Data supplied:
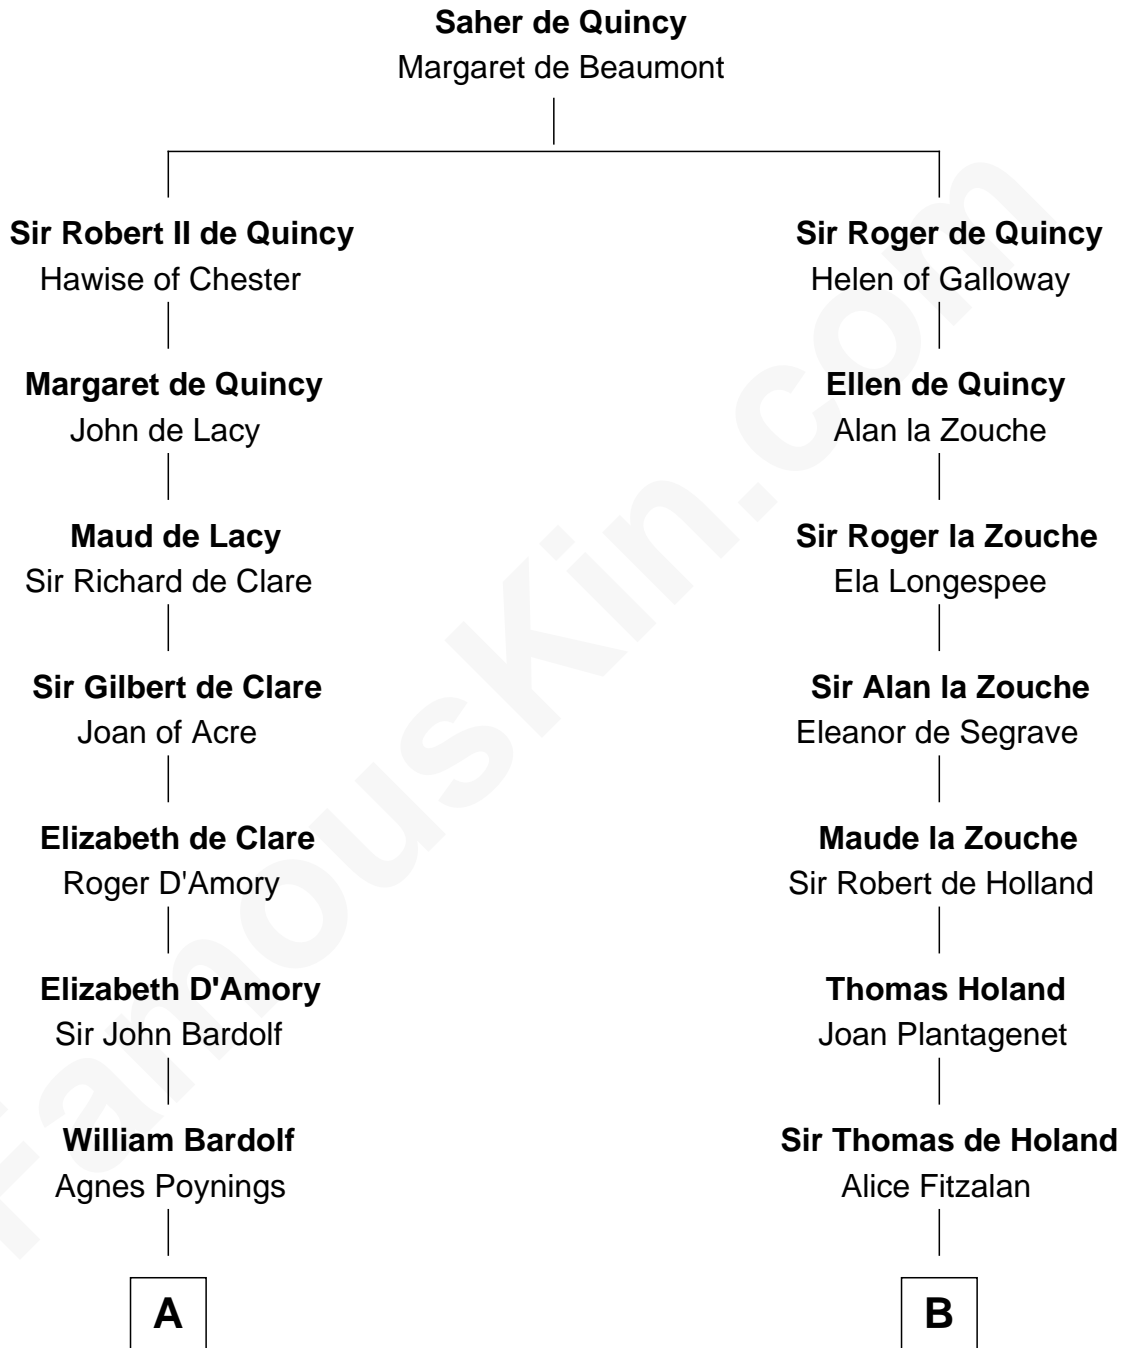

FamousKin.com
Relationship Chart of
Charles Carnan Ridgely
15th Governor of Maryland

17th cousin 3 times removed of

Major John Pitcairn
British Commander at Battle of Lexington

C

—
John Howard

Mary Warfield

—
Rachel Howard

Col. Charles Ridgely

—
Achsah Ridgely

Charles R. Carnan

—
Charles Carnan Ridgely

15th Governor of Maryland

FamousKin.com
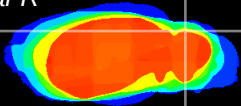

Coronal

Sagittal-R

Sagittal-L

ViBrism: CX14772
Horizontal

Cb lobe

Directions for this task: Please keep the pictures out and reproduce the records above exactly.

Output of the exercise:
FamousKin.com
Relationship Chart of
Charles Carnan Ridgely
15th Governor of Maryland

17th cousin 3 times removed of

Major John Pitcairn
British Commander at Battle of Lexington

C

—
John Howard

Mary Warfield

—
Rachel Howard

Col. Charles Ridgely

—
Achsah Ridgely

Charles R. Carnan

—
Charles Carnan Ridgely

15th Governor of Maryland

FamousKin.com

Coronal

Sagittal-R

Sagittal-L

ViBrism: CX14772
Horizontal

Cb lobe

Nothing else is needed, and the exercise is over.